* Source data *
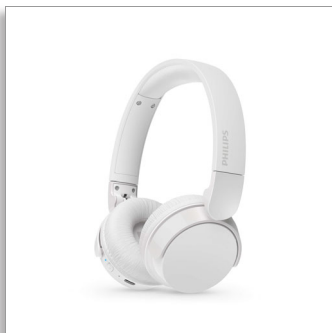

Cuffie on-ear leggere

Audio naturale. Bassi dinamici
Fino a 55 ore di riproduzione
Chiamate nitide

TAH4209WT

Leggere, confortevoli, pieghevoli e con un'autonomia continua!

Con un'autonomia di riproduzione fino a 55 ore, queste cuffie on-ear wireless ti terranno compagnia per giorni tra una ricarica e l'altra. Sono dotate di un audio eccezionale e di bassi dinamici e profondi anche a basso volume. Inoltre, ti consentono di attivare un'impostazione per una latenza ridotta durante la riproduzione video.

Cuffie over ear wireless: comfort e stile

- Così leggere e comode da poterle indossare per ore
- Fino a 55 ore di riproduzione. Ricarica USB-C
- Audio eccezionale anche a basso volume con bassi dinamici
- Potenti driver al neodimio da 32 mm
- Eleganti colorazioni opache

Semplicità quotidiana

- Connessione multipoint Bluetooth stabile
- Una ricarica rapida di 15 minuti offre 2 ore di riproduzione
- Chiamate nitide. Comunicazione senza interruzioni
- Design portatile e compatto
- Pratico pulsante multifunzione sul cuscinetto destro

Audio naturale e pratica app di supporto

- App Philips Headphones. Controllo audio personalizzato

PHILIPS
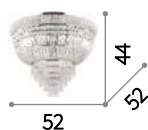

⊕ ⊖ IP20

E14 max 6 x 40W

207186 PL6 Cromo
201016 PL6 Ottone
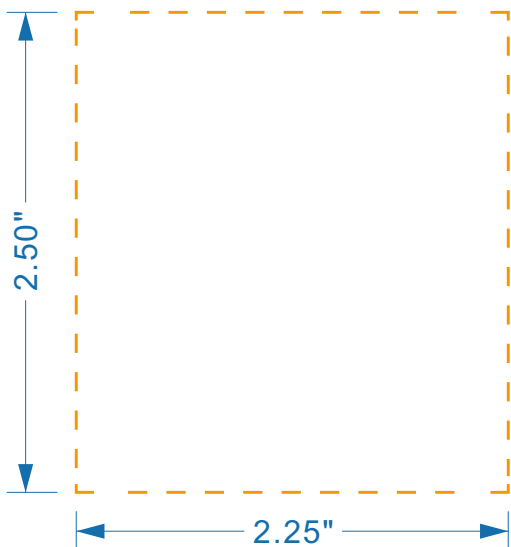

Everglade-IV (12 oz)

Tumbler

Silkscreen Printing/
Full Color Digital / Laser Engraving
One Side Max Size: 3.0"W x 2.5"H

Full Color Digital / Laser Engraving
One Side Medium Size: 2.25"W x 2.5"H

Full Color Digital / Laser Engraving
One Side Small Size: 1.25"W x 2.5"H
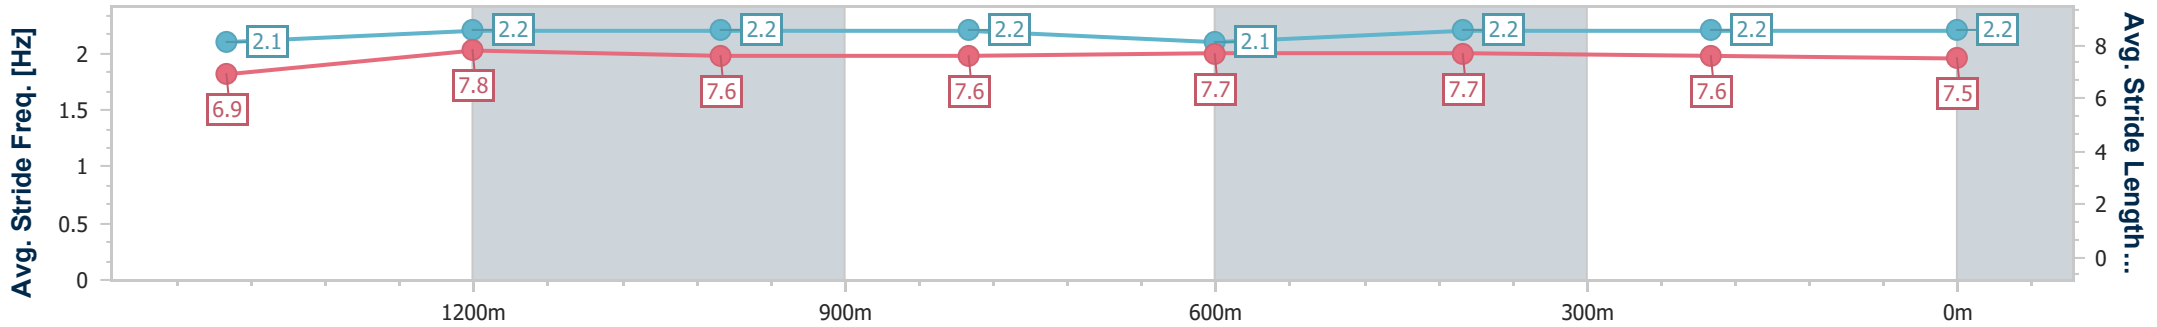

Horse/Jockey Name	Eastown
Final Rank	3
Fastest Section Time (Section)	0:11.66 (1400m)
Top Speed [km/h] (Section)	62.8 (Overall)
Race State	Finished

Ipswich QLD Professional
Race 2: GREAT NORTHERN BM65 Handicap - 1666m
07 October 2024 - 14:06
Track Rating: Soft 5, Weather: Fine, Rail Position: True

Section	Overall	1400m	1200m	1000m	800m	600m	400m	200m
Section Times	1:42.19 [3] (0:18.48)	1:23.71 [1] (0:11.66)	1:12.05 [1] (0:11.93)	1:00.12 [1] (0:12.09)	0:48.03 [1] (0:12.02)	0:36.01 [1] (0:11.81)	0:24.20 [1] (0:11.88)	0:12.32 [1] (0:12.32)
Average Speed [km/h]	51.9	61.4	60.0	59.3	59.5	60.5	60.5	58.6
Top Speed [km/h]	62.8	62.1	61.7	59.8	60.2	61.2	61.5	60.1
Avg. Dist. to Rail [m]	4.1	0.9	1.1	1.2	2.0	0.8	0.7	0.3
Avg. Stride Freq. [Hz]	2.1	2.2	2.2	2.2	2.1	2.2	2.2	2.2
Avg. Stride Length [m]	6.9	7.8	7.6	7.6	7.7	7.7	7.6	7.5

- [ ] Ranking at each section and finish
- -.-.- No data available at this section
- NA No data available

* The task *
Restate word for word only the lines from the one with "Everglade-IV (12 oz)" through the last line of the material, both included. Any picture should be left out.

* Answer for this exercise *
Everglade-IV (12 oz)

Tumbler

Silkscreen Printing/
Full Color Digital / Laser Engraving
One Side Max Size: 3.0"W x 2.5"H

Full Color Digital / Laser Engraving
One Side Medium Size: 2.25"W x 2.5"H

Full Color Digital / Laser Engraving
One Side Small Size: 1.25"W x 2.5"H

Horse/Jockey Name	Eastown
Final Rank	3
Fastest Section Time (Section)	0:11.66 (1400m)
Top Speed [km/h] (Section)	62.8 (Overall)
Race State	Finished

Ipswich QLD Professional
Race 2: GREAT NORTHERN BM65 Handicap - 1666m
07 October 2024 - 14:06
Track Rating: Soft 5, Weather: Fine, Rail Position: True

Section	Overall	1400m	1200m	1000m	800m	600m	400m	200m
Section Times	1:42.19 [3] (0:18.48)	1:23.71 [1] (0:11.66)	1:12.05 [1] (0:11.93)	1:00.12 [1] (0:12.09)	0:48.03 [1] (0:12.02)	0:36.01 [1] (0:11.81)	0:24.20 [1] (0:11.88)	0:12.32 [1] (0:12.32)
Average Speed [km/h]	51.9	61.4	60.0	59.3	59.5	60.5	60.5	58.6
Top Speed [km/h]	62.8	62.1	61.7	59.8	60.2	61.2	61.5	60.1
Avg. Dist. to Rail [m]	4.1	0.9	1.1	1.2	2.0	0.8	0.7	0.3
Avg. Stride Freq. [Hz]	2.1	2.2	2.2	2.2	2.1	2.2	2.2	2.2
Avg. Stride Length [m]	6.9	7.8	7.6	7.6	7.7	7.7	7.6	7.5

- [ ] Ranking at each section and finish
- -.-.- No data available at this section
- NA No data available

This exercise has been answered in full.